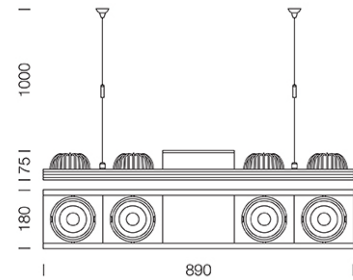

PROJECT : _____

SALE : _____

Lamptitude[®]
TURN ON YOUR ATTITUDE

Product

Dimension

Specification

ITEM CODE	:	QDIO-HANG-4-BK
SERIES	:	QDIO-HANG
BRAND	:	LAMPTITUDE
LAMP TYPE	:	LED
LAMP BASE	:	4*LED AR111 OR LED COIN111
DESCRIPTION	:	HANGING DOWNLIGHT
INSTALLATION	:	SURFACE MOUNTED BASE
MATERIAL	:	POWDER COATED DIE-CAST ALUMINIUM
COLOR	:	BLACK
CONTROL GEAR	:	ELECTRONIC TRANSFORMER (FOR QR111) LED DRIVER (FOR COIN111)
REFLECTOR	:	N/A
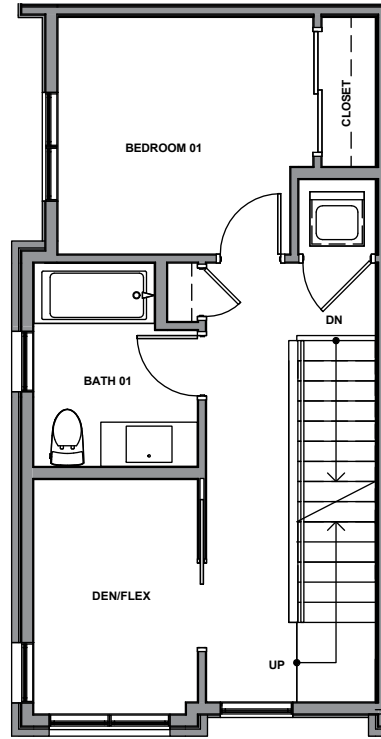

UNIT 1

1

2

3

4

1242-1248 15TH AVE E, SEATTLE, WA 98112  
APPROX 1644 SF | 2 BEDS | 1.75 BATHS | FLEX | SKY NEST

Floor plans are provided for illustrative and general informational purposes only. In a continuing effort to improve our products and designs, final construction elevations, square footages, floor plan layouts and/or materials and colors may vary. Buyer to verify all information to their own satisfaction.

Habitat for the Modern Life Form.

****

■ **TASK**
Give the listing again exactly, but omit each image.

■ **RESULT FOR THIS TASK**
PROJECT : _____

SALE : _____

Lamptitude[®]
TURN ON YOUR ATTITUDE

Product

Dimension

Specification

ITEM CODE	:	QDIO-HANG-4-BK
SERIES	:	QDIO-HANG
BRAND	:	LAMPTITUDE
LAMP TYPE	:	LED
LAMP BASE	:	4*LED AR111 OR LED COIN111
DESCRIPTION	:	HANGING DOWNLIGHT
INSTALLATION	:	SURFACE MOUNTED BASE
MATERIAL	:	POWDER COATED DIE-CAST ALUMINIUM
COLOR	:	BLACK
CONTROL GEAR	:	ELECTRONIC TRANSFORMER (FOR QR111) LED DRIVER (FOR COIN111)
REFLECTOR	:	N/A

UNIT 1

1

2

3

4

1242-1248 15TH AVE E, SEATTLE, WA 98112  
APPROX 1644 SF | 2 BEDS | 1.75 BATHS | FLEX | SKY NEST

Floor plans are provided for illustrative and general informational purposes only. In a continuing effort to improve our products and designs, final construction elevations, square footages, floor plan layouts and/or materials and colors may vary. Buyer to verify all information to their own satisfaction.

Habitat for the Modern Life Form.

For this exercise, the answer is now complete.